━━━ AVAILABLE DATA ━━━
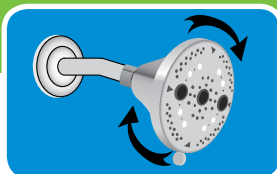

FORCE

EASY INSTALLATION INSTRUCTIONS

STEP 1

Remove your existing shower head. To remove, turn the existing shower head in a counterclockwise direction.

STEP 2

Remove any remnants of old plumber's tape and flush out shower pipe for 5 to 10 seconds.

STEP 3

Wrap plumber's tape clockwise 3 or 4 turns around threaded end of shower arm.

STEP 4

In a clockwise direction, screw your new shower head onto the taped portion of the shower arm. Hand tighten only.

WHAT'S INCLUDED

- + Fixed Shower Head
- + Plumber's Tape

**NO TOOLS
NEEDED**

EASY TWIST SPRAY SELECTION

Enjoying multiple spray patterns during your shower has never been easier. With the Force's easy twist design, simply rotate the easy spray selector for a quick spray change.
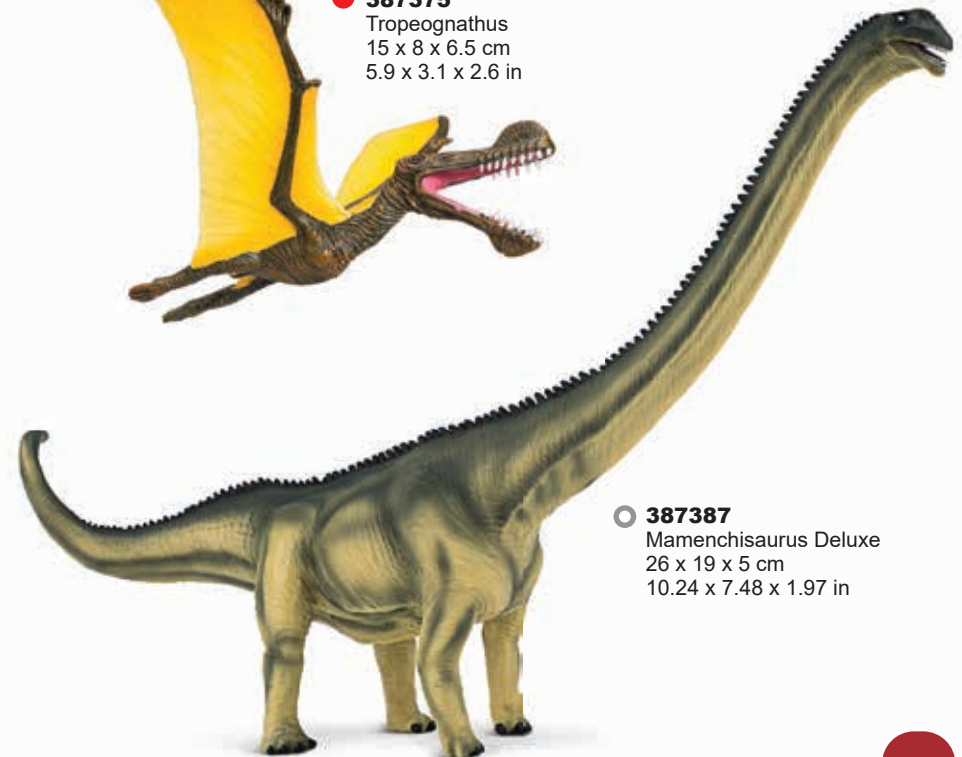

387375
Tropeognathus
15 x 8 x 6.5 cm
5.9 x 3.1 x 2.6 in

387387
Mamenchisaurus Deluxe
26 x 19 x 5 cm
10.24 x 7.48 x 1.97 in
━━━
━━━ AVAILABLE DATA ━━━
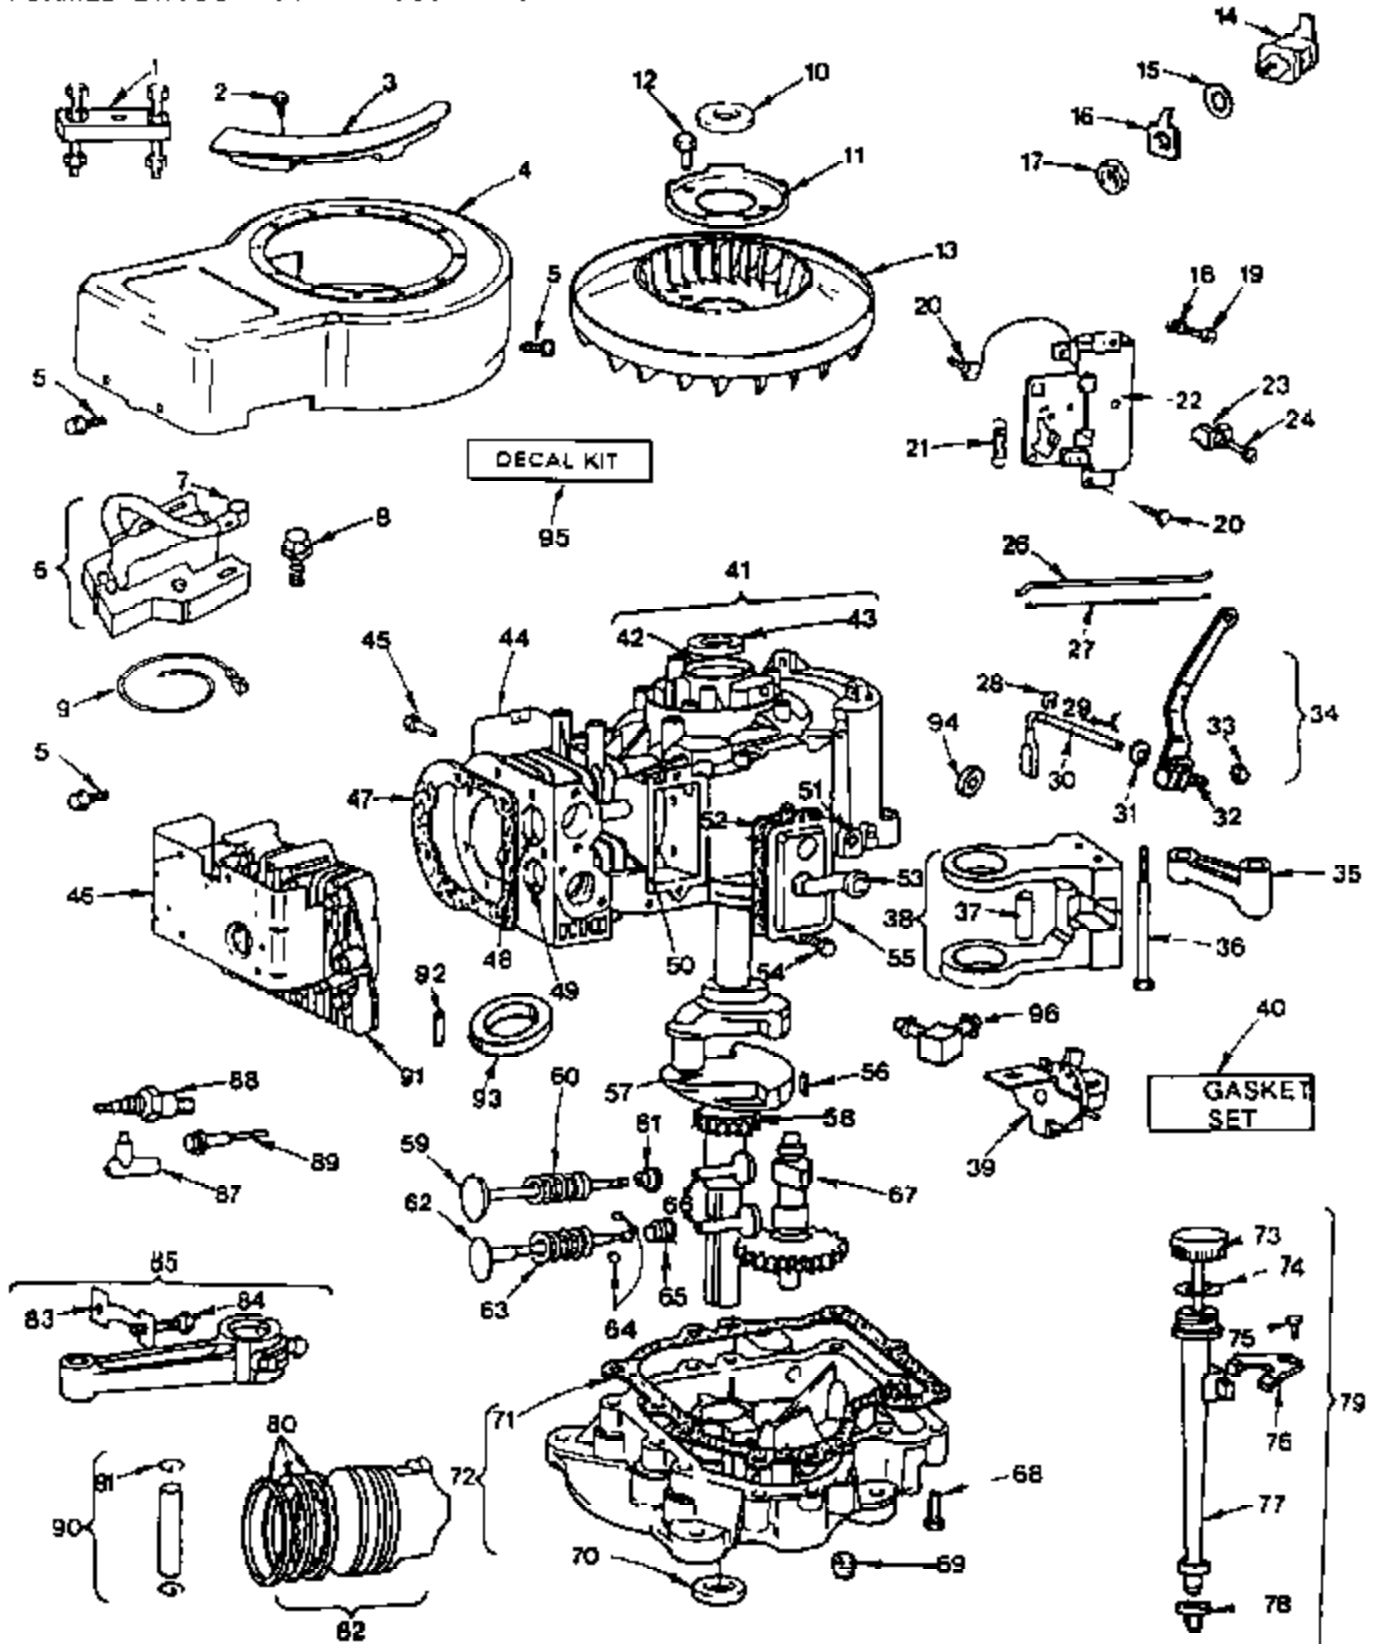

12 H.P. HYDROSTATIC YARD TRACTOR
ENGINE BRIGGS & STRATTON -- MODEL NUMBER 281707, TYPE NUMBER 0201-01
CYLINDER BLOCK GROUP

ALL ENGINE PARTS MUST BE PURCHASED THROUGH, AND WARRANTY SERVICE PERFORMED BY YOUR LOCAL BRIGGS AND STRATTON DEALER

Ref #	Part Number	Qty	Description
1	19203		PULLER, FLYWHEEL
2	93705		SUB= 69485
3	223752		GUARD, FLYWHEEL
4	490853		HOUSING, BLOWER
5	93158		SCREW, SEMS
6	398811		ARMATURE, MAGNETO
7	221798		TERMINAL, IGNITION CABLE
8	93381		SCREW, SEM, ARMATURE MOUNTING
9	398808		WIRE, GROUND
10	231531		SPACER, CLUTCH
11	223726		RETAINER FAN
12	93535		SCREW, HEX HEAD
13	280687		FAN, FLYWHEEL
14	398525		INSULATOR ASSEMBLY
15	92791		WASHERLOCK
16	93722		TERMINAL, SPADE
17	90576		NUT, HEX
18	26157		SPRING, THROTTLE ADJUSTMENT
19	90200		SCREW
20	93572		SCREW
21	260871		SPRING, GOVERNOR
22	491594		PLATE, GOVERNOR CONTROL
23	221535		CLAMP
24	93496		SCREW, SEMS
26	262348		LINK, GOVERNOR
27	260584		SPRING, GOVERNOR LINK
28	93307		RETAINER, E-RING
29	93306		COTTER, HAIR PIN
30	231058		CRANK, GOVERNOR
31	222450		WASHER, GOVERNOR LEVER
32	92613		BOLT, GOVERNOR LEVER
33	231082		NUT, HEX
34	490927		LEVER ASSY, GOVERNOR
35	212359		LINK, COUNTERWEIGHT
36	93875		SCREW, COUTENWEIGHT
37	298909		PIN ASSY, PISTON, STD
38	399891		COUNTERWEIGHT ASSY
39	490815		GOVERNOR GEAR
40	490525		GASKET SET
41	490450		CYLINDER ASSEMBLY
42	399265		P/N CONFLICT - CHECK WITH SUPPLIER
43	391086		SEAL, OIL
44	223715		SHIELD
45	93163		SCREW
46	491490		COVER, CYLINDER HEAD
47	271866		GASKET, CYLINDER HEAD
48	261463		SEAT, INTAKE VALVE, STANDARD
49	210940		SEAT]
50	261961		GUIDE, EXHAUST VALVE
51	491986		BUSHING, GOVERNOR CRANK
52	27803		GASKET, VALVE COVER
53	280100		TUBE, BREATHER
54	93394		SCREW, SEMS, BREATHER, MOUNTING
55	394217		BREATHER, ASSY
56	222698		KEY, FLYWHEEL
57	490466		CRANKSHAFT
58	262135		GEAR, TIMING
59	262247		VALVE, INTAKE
━━━
→ **EXERCISE**
Output exactly those lines of the data above that run from the line with "Wrap plumber's tape" up to and including the line with "10.24 x 7.48 x 1.97 in". No pictures go in.

→ **RESPONSE TO THIS EXERCISE**
Wrap plumber's tape clockwise 3 or 4 turns around threaded end of shower arm.

STEP 4

In a clockwise direction, screw your new shower head onto the taped portion of the shower arm. Hand tighten only.

WHAT'S INCLUDED

- + Fixed Shower Head
- + Plumber's Tape

**NO TOOLS
NEEDED**

EASY TWIST SPRAY SELECTION

Enjoying multiple spray patterns during your shower has never been easier. With the Force's easy twist design, simply rotate the easy spray selector for a quick spray change.

387375
Tropeognathus
15 x 8 x 6.5 cm
5.9 x 3.1 x 2.6 in

387387
Mamenchisaurus Deluxe
26 x 19 x 5 cm
10.24 x 7.48 x 1.97 in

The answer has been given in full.